Le Carbouère, d'une longueur totale de 17,3 km, prend sa source dans la commune de Ger et s'écoule du sud vers le nord. Il traverse la commune dans sa partie centrale et se jette dans le Louet à Bentayou-Sérée, après avoir traversé 10 communes[9].
Climat
Le climat qui caractérise la commune est qualifié, en 2010, de «climat océanique altéré», selon la typologie des climats de la France qui compte alors huit grands types de climats en métropole[10]. En 2020, la commune ressort du même type de climat dans la classification établie par Météo-France, qui ne compte désormais, en première approche, que cinq grands types de climats en métropole. Il s’agit d’une zone de transition entre le climat océanique et les climats de montagne et semi-continental. Les écarts de température entre hiver et été augmentent avec l'éloignement de la mer. La pluviométrie est plus faible qu'en bord de mer, sauf aux abords des reliefs[11].
Les paramètres climatiques qui ont permis d’établir la typologie de 2010 comportent six variables pour les températures et huit pour les précipitations, dont les valeurs correspondent à la normale 1971-2000[Note 3]. Les sept principales variables caractérisant la commune sont présentées dans l'encadré ci-après.

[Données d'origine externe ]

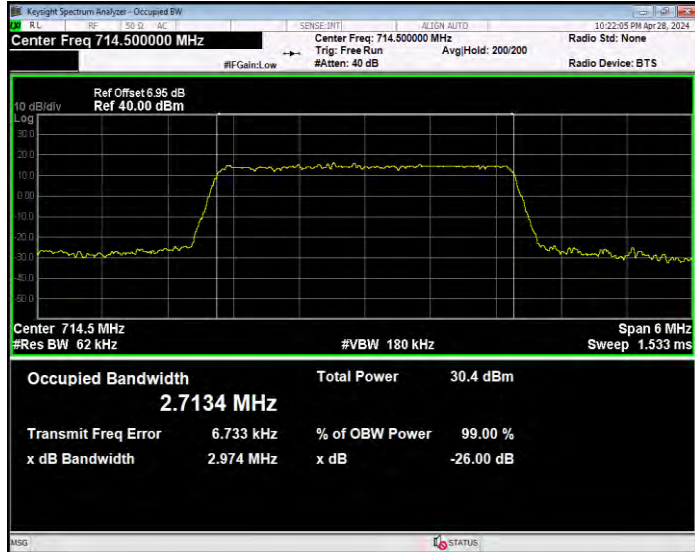

Band12 QPSK BW=3MHz Channel=23165 RB Size=15 Position=#0

Band12 QPSK BW=5MHz Channel=23035 RB Size=25 Position=#0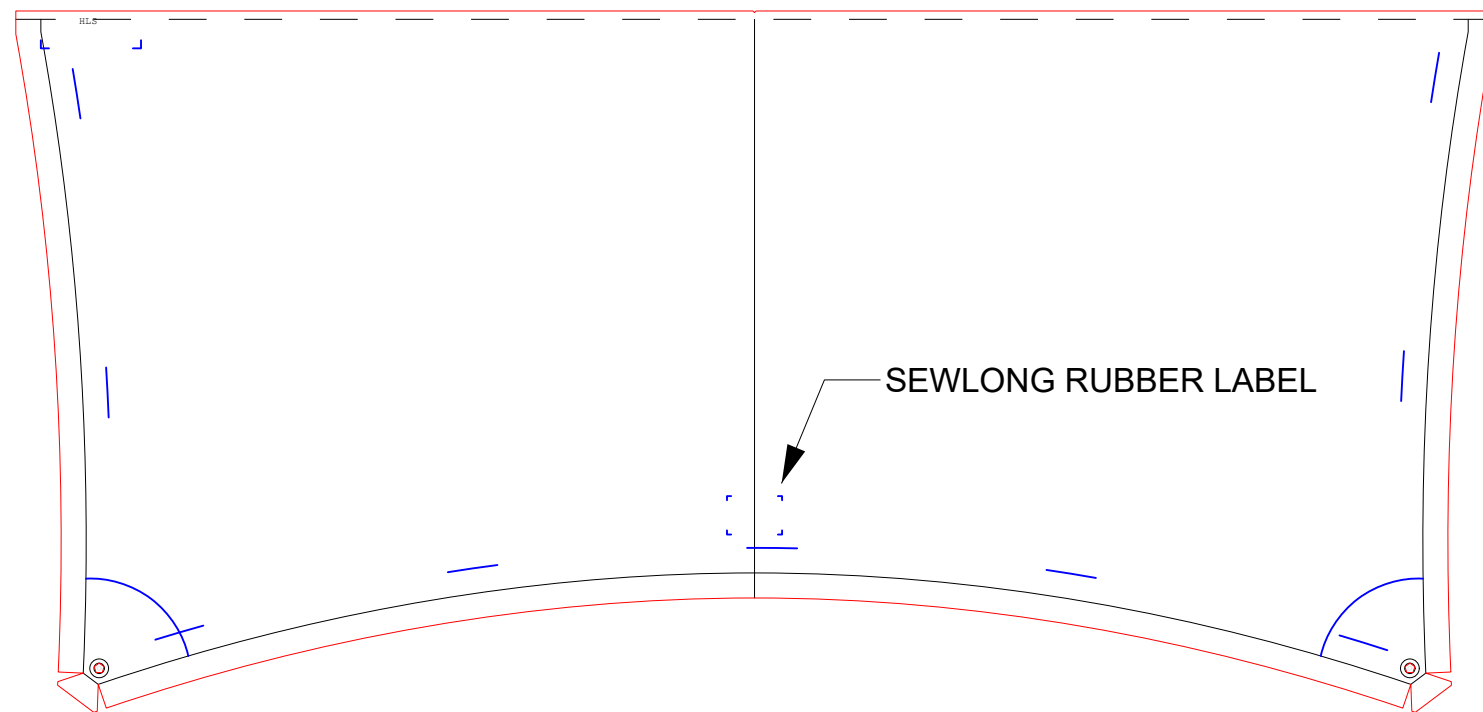

Hook Loop Strap (HLS)

	Pattern No:	1811	Title:	SEW
	Drawn By:	Clint	Boat Model:	MB Skylon Tower
	Units:	inches	Product:	Shade Sail
	Pages:	1 of 1	Date Modified:	####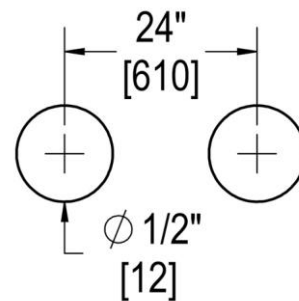

### TEMPLATE & INSTALLATION NOTES

Item requires glass fabrication according to template above and should only be used with tempered safety glass.

Glass Thickness	1/4" [6 mm] to 1/2" [12 mm]
Hole Diameter	1/2" [12 mm]

Paramètres climatiques communaux sur la période 1971-2000[10]
Moyenne annuelle de température: 12,2°C
Nombre de jours avec une température inférieure à −5°C: 2,1 j
Nombre de jours avec une température supérieure à 30°C: 4,4 j
Nombre de jours de précipitation en janvier: 10,7 j
Nombre de jours de précipitation en juillet: 8,8 j
Avec le changement climatique, ces variables ont évolué. Une étude réalisée en 2014 par la Direction générale de l'Énergie et du Climat[13] complétée par des études régionales[14] prévoit en effet que la température moyenne devrait croître et la pluviométrie moyenne baisser, avec toutefois de fortes variations régionales. Ces changements peuvent être constatés sur la station météorologique de Météo-France la plus proche, «Lembeye», sur la commune de Lembeye, mise en service en 1972[15] et qui se trouve à 18 km à vol d'oiseau[16],[Note 5], où la température moyenne annuelle est de 13,4°C et la hauteur de précipitations de 1 059,8 mm pour la période 1981-2010[17].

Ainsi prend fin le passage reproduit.